→ What you have to do
Each line of the records below that holds "TECHNISCHE" should be copied out.

"""

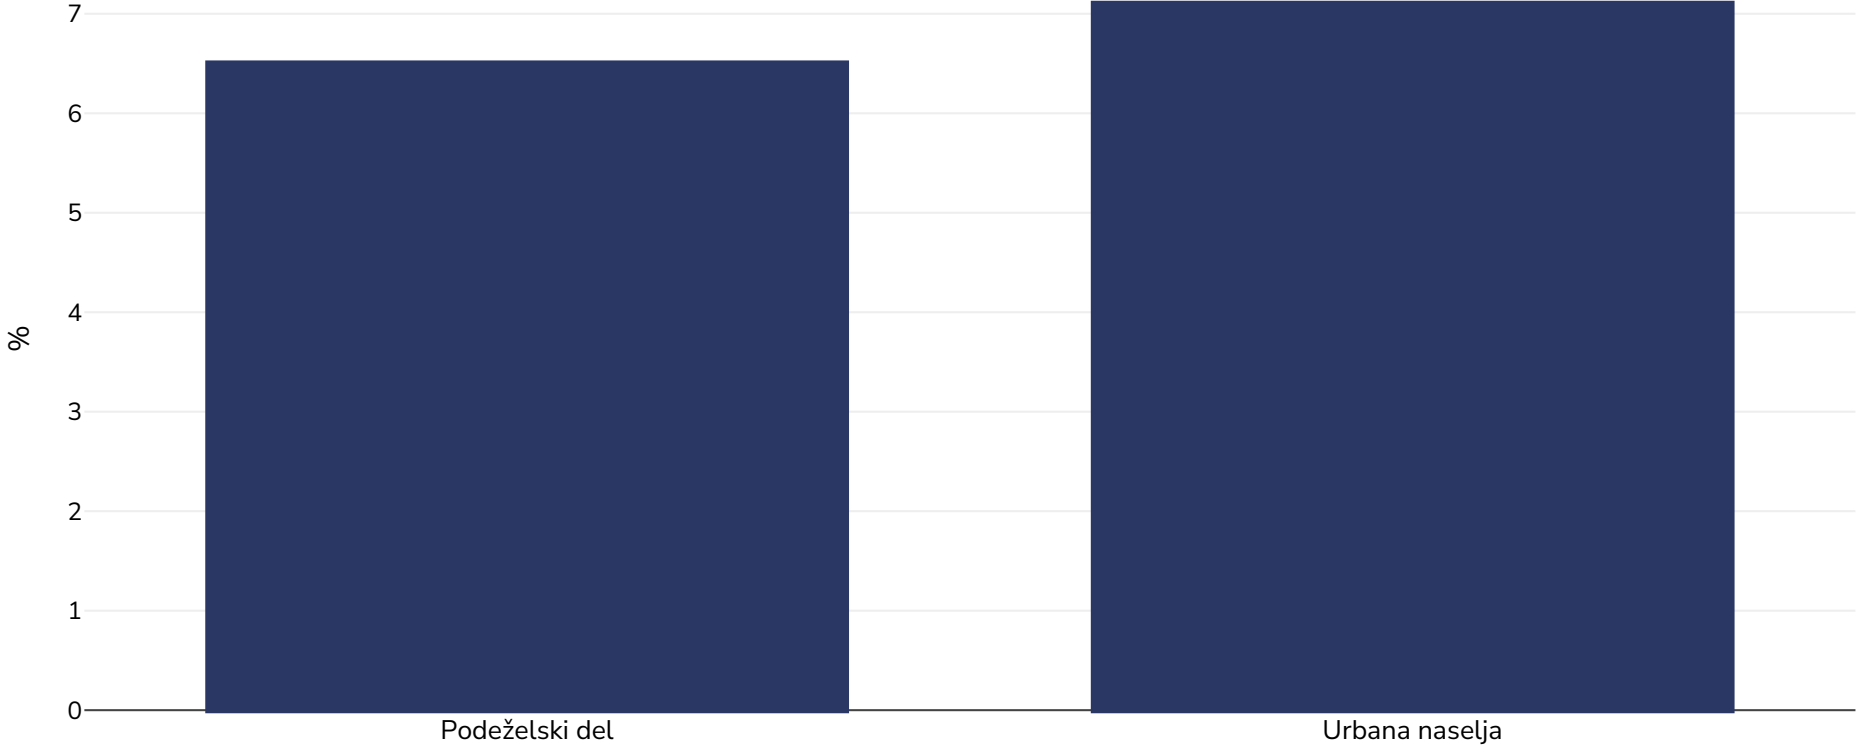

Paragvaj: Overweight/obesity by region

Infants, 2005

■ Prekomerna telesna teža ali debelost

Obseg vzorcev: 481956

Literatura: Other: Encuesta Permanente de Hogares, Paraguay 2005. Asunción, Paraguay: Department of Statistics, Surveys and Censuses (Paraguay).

"""
"""

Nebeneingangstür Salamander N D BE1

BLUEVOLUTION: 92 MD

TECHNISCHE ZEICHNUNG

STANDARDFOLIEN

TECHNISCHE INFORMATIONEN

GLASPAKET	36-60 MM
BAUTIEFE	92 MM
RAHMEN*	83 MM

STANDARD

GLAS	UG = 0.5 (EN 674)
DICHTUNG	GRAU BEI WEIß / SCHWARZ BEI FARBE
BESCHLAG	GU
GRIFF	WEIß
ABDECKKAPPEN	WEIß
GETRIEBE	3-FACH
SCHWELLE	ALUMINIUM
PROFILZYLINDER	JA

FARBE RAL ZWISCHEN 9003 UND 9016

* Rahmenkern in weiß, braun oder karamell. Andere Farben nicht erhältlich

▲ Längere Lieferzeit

"""

→ Worked solution
TECHNISCHE ZEICHNUNG
TECHNISCHE INFORMATIONEN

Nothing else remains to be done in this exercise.